The two Sections deal with completely different offences and, therefore, the argument that both Sections cannot be invoked together is not at all tenable.
13. The next leg of the argument of the Appellant was that there is nothing in the Medical Report of the alleged victim and P.W.7 to support the case of the Prosecution. That P.W.1 has admitted that during the alleged period of incident she did not see any injury on the body of the victim who used to sleep soundly at night. A perusal of the Medical Report, Exhibit 5 of the victim reveals that she was taken for medical examination on 04-10-2013. It is no one's case that there was penetration at all, hence in the first instance the question of rapture of the hymen would not arise in the first instance. Given the interval between the date of offence and date of medical examination, it would be incongruous to expect that the examination of P.W.4 by P.W. 7 would yield any result to indicate the offence. The child too has made no allegation of physical force, merely stating that the Appellant carried her and took her to the place of occurrence and committed the offence.

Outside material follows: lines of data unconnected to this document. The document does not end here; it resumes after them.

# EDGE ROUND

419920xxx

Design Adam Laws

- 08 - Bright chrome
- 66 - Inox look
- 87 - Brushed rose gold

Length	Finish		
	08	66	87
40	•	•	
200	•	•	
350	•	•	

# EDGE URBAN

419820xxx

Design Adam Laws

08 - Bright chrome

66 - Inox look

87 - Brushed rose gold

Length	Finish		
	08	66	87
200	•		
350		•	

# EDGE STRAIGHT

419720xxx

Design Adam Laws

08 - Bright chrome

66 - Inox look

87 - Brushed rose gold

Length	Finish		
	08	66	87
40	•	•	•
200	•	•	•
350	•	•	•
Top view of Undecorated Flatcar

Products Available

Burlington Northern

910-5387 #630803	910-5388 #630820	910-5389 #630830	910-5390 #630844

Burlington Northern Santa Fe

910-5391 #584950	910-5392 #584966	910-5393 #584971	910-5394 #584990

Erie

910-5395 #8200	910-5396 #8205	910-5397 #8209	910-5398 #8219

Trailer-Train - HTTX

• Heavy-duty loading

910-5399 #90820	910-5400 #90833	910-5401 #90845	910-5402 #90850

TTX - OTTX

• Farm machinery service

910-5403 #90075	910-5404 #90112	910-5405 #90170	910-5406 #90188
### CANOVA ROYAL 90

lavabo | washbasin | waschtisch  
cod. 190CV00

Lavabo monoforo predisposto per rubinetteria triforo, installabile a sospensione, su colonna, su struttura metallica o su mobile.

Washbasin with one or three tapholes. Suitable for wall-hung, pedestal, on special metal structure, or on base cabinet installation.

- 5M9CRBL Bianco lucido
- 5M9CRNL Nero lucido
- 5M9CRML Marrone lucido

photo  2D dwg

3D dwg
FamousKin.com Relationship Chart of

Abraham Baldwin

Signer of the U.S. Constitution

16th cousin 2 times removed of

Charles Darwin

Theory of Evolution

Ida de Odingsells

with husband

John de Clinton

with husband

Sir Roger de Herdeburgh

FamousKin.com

14. It was also pointed out by Learned Legal Aid Counsel for the Appellant that P.W.5 has said that he along with P.W.3 verified the incident from P.W.4, after "a few days", while P.W.4 submits that "later" she told P.W.3 and P.W.5 of the incident, thereby raising an anomaly in their evidence. This appears to be an argument which cannot be countenanced, since P.W.4 has said "later" she told P.Ws 3 and 5 of the incident without specifying the time, which could have been the time when P.W.5 enquired of it from her and not necessarily immediately after the incident. Needless to add that there has been no cross-examination on this specific point.

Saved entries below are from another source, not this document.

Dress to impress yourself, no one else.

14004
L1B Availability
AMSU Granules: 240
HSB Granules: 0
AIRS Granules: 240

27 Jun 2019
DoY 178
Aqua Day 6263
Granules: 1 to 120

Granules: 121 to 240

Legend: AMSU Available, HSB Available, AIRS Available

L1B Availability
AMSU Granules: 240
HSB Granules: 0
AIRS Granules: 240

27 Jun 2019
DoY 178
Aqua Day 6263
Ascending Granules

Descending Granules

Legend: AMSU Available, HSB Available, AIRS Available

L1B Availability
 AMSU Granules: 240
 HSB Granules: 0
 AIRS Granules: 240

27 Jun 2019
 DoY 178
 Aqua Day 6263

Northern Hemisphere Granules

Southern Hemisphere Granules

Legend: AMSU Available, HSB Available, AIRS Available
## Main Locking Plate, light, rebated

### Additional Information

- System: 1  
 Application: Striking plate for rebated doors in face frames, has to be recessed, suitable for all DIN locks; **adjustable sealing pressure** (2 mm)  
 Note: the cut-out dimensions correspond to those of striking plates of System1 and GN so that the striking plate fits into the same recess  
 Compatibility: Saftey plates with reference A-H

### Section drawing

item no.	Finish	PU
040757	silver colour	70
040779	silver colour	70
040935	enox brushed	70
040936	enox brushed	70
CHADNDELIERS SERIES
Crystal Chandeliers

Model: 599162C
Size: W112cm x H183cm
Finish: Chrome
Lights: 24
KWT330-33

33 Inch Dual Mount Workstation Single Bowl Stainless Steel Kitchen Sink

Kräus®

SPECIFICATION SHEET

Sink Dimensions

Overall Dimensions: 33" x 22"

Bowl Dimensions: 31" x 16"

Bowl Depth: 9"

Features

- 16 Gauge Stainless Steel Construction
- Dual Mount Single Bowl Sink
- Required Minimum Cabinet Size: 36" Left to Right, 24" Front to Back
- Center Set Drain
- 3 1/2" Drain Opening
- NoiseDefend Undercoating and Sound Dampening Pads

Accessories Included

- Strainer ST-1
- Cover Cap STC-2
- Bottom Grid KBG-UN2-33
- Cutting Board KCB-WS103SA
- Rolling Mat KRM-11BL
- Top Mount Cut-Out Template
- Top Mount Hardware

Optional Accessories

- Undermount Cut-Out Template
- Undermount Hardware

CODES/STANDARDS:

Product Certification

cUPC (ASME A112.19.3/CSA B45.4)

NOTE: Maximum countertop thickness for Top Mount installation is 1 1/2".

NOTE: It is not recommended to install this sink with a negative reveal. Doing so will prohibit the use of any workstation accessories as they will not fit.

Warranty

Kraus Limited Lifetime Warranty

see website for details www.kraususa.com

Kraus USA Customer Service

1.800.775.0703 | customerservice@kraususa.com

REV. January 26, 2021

15. At this juncture, one may usefully refer to the provisions of Section 29 of the POCSO Act with regard to presumption of offences. This Section reads as follows;
"29. Presumption as to certain offences.- Where a person is prosecuted for committing or abetting or attempting to commit any offence under sections 3, 5, 7 and section 9 of this Act, the Special Court shall presume, that such person has committed or abetted or attempted to commit the offence, as the case may be, unless the contrary is proved."

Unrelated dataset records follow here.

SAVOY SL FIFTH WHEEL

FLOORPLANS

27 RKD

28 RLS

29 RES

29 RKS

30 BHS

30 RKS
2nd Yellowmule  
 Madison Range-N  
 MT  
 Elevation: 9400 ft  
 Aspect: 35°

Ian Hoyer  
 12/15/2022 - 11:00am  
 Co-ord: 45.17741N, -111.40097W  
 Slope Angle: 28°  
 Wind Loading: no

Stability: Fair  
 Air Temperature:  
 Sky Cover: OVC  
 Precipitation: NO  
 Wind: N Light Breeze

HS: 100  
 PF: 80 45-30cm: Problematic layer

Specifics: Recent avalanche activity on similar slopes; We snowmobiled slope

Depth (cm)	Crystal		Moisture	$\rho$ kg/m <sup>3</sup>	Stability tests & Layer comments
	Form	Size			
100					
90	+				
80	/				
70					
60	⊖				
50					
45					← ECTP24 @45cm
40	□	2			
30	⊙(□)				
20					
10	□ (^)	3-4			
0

16. Thus, when the victim herself has deposed that the Appellant had committed the offence, the Special Court is left with no option but to presume that such an offence has occurred, of course, with the rider that should the Appellant be able to disprove his culpable mental state, as provided under Section 30 of the POCSO Act, then he stands a chance of acquittal.
17. Having said that, in the end result, after due consideration of the entire evidence on record which includes consideration of the evidence of P.W.5, the brother of the victim, who witnessed the incident and which has not been demolished in cross-examination, I am of the considered opinion that the prayer for setting aside the impugned Judgment and Order on Sentence of the Learned Trial Court is not warranted.
18. Consequently, the Appeal fails and is dismissed.
19. Copy of this Judgment be sent to the Court below for information.